Но меня никто не слушал: Кара завел историю про несчастного туркменского бея, который поторопился признаться в любви дочери шаха и был за это на двенадцать лет сослан в Китай. Поскольку портрета возлюбленной у него не было, он, живя среди китайских красавиц, постепенно забывал ее лицо, и от этого муки любви превращались, по воле Аллаха, в настоящую пытку. Все мы, впрочем, догадывались, что Кара рассказывает свою собственную историю.
– Благодаря Эниште все мы узнали, что такое портрет, – сказал я. – Надеюсь, однажды настанет день, когда мы научимся без страха говорить о своей собственной жизни от первого лица, а не так, будто рассказываем сказку.
– Любая сказка говорит обо всех, а не о ком-то одном, – заметил Кара.
– А любой рисунок говорит об Аллахе, – закончил я строчку гератского поэта Хатифи. – Однако когда методы европейских мастеров распространятся по-настоящему, каждый будет рассказывать чужие сказки как историю собственной жизни, да еще и гордиться этим.
– Как раз этого и хочет шайтан.
– Пустите же меня, наконец! – закричал я вдруг во все горло. – Дайте взглянуть на мир в последний раз!
Заметив, что мой крик их напугал, я приободрился.

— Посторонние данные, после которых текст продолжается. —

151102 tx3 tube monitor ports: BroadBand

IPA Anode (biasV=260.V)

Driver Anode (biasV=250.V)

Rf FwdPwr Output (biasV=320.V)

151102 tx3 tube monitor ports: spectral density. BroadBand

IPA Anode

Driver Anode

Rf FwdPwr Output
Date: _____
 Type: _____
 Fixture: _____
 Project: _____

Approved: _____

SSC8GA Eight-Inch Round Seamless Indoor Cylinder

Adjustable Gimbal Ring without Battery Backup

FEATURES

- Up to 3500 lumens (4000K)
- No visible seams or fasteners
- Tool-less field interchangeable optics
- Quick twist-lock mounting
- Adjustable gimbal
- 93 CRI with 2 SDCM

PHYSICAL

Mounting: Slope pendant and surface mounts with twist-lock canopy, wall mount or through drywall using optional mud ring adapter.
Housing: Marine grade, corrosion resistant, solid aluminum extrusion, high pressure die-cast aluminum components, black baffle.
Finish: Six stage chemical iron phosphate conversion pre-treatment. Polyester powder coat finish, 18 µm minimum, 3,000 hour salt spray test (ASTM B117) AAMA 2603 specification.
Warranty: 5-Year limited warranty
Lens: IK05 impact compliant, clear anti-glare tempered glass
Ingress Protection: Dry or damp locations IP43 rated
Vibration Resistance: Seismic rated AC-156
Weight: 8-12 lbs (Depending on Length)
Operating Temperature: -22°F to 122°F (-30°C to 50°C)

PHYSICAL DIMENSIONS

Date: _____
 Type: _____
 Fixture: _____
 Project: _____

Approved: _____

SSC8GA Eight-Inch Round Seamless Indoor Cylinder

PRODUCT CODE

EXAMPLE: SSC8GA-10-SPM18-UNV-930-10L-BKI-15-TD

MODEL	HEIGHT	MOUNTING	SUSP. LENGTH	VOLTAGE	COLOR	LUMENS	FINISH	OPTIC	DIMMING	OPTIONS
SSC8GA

Первым взял себя в руки Кара.
– Ты покажешь нам последний рисунок? – спросил он.
По моему взгляду он понял, что покажу, и отпустил меня. Мое сердце забилось быстрее.

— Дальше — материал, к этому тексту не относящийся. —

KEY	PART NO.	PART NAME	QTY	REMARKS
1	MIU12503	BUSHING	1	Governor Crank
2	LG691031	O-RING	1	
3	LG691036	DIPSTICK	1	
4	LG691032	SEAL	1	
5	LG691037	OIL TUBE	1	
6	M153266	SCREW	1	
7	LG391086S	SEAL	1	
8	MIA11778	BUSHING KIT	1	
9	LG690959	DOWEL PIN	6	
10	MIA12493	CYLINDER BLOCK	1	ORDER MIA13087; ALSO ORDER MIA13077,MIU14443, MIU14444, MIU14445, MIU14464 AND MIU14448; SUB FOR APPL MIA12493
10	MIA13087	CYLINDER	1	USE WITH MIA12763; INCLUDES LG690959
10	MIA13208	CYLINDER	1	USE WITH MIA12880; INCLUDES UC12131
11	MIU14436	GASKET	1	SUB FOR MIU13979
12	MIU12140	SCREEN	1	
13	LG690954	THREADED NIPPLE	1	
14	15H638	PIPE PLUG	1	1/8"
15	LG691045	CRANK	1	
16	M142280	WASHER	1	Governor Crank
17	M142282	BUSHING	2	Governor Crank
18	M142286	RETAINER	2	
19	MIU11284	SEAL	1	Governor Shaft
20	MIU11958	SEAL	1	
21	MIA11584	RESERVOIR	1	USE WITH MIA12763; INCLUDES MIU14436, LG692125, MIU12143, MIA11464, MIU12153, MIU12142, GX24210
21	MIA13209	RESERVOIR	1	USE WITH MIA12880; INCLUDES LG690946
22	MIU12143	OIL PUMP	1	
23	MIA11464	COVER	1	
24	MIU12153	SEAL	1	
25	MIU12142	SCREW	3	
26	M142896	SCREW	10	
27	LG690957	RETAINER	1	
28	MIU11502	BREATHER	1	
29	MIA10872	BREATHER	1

Вы, конечно, давно поняли, кто я такой, хотя я и делаю вид, что пытаюсь это скрыть. Не удивляйтесь: я следую примеру старых мастеров Герата, которые не подписывали своих работ не для того, чтобы никто не узнал их имен, а из уважения к учителям и традиции. Взволнованный, я отправился в путь по темным комнатам с лампой в руке, увлекая за собой свою блеклую тень. На мои глаза уже начал опускаться занавес тьмы – или в комнатах и коридорах текке и в самом деле царил такой мрак? Сколько у меня осталось времени, через сколько дней или недель я ослепну? Мы с моей тенью вошли на кухню, распугав тамошних призраков, достали из чистого угла пыльного шкафа бумаги и быстро вернулись назад. Кара на всякий случай ходил на кухню вместе со мной, но кинжала с собой не брал. Я подумал, не хочется ли мне завладеть кинжалом и ослепить его, прежде чем ослепнуть самому.

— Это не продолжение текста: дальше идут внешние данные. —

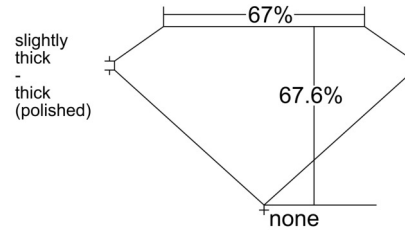

GIA NATURAL DIAMOND GRADING REPORT

May 31, 2025
 GIA Report Number 1525350621
 Shape and Cutting Style Square Emerald Cut
 Measurements 5.61 x 5.52 x 3.73 mm

GRADING RESULTS

Carat Weight 1.02 carat
 Color Grade H
 Clarity Grade VVS2

Profile not to actual proportions

CLARITY CHARACTERISTICS

KEY TO SYMBOLS*

- Pinpoint
- ~ Feather

* Red symbols denote internal characteristics (inclusions). Green or black symbols denote external characteristics (blemishes). Diagram is an approximate representation of the diamond, and symbols shown indicate type, position, and approximate size of clarity characteristics. All clarity characteristics may not be shown. Details of finish are not shown.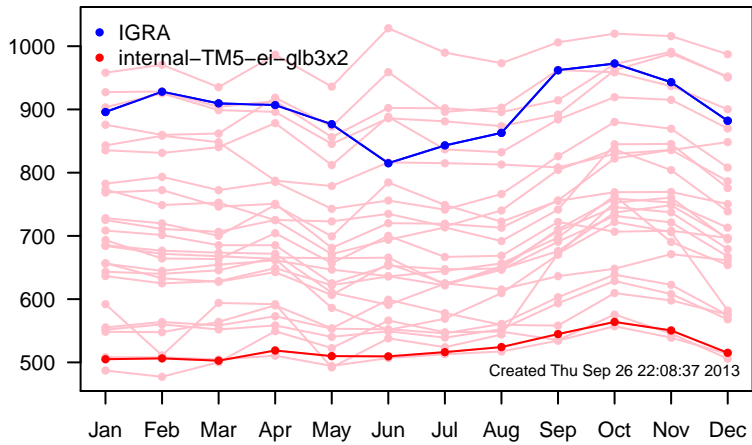

12UTC MHs, stations centered on Greenwich

12UTC model-IGRA MHs, stations centered on Greenwich

0UTC MHs, stations centered on dateline

0UTC model-IGRA MHs, stations centered on dateline

0UTC MHs, stations centered on Greenwich

0UTC model-IGRA MHs, stations centered on Greenwich

12UTC MHs, stations centered on dateline

12UTC model-IGRA MHs, stations centered on dateline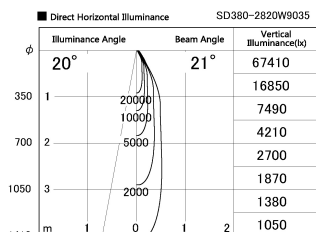

Item no. SD380-2820W9035

Series Name: High power compact tracklight (SD380)

Installation	Track Mount
Type	High power compact tracklight (SD380)
Fixture wattage	28W
Beam angle	21 deg
Color Temp.	3000K
CRI	Ra>90
Luminous	3245 lm
Body	Die-cast aluminum alloy
Body finish	White
Trim finish	White
Reflector finish	N/A
IP Rate	IP20
Light source	COB module
Input Voltage	AC220~240V
Dimming Type	Non-Dimmable
Certificate	CE,CCC
Cut Hole	N/A

– Я рад, что еще раз увижу это, пока не потерял способность видеть, – гордо произнес я. – Мне хочется, чтобы и вы тоже увидели. Смотрите же!
И я показал им при свете лампы последний рисунок, тот самый, на две страницы, который я унес из дома Эниште. Сначала я наблюдал за тем, как они с любопытством и страхом смотрят на него, потом стал смотреть вместе с ними. Меня била дрожь, начался жар – то ли оттого, что мне проткнули глаза, то ли от возбуждения.